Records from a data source
++++

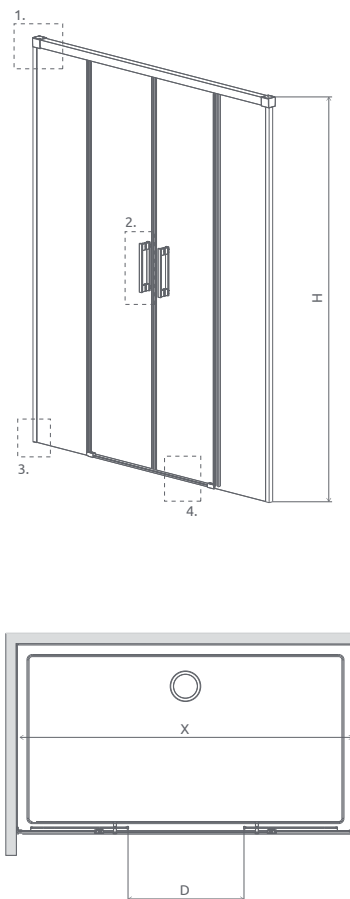

Idea
DWD

od 719 €

ODPORÚČANÉ SPRCHOVÉ VANIČKY: Doros F, Argos D, Paros D, Noris D, Giaros D, Teos F, Kios F (Vid'od str. 234)

ODPORÚČANÉ SPRCHOVÉ ŽLABY: pozri www.radaway.sk

Posuvné dvere	X	D	H
DWD 140	1385-1415	550	2005
DWD 150	1485-1515	600	2005
DWD 160	1585-1615	650	2005
DWD 170	1685-1715	700	2005
DWD 180	1785-1815	750	2005
DWD 190	1885-1915	800	2005
DWD 200	1985-2015	850	2005

POSUVNÉ DVERE

Model	Šírka (X)	Výška (H)	Kód výrobku Čire	Cenníková cena v EUR
DWD 140	1385-1415	2005	387124-01-01	719
DWD 150	1485-1515	2005	387125-01-01	740
DWD 160	1585-1615	2005	387126-01-01	759
DWD 170	1685-1715	2005	387127-01-01	781
DWD 180	1785-1815	2005	387128-01-01	797
DWD 190	1885-1915	2005	387129-01-01	820
DWD 200	1985-2015	2005	387120-01-01	844

Profily k dispozícii v nasledovných farbách:

ZA PRÍPLATOK

++++

REQUIREMENT:
The lines in the entries above that carry the word "SPRCHOVÉ" must be copied.

EXERCISE SOLUTION:
ODPORÚČANÉ SPRCHOVÉ VANIČKY: Doros F, Argos D, Paros D, Noris D, Giaros D, Teos F, Kios F (Vid'od str. 234)
ODPORÚČANÉ SPRCHOVÉ ŽLABY: pozri www.radaway.sk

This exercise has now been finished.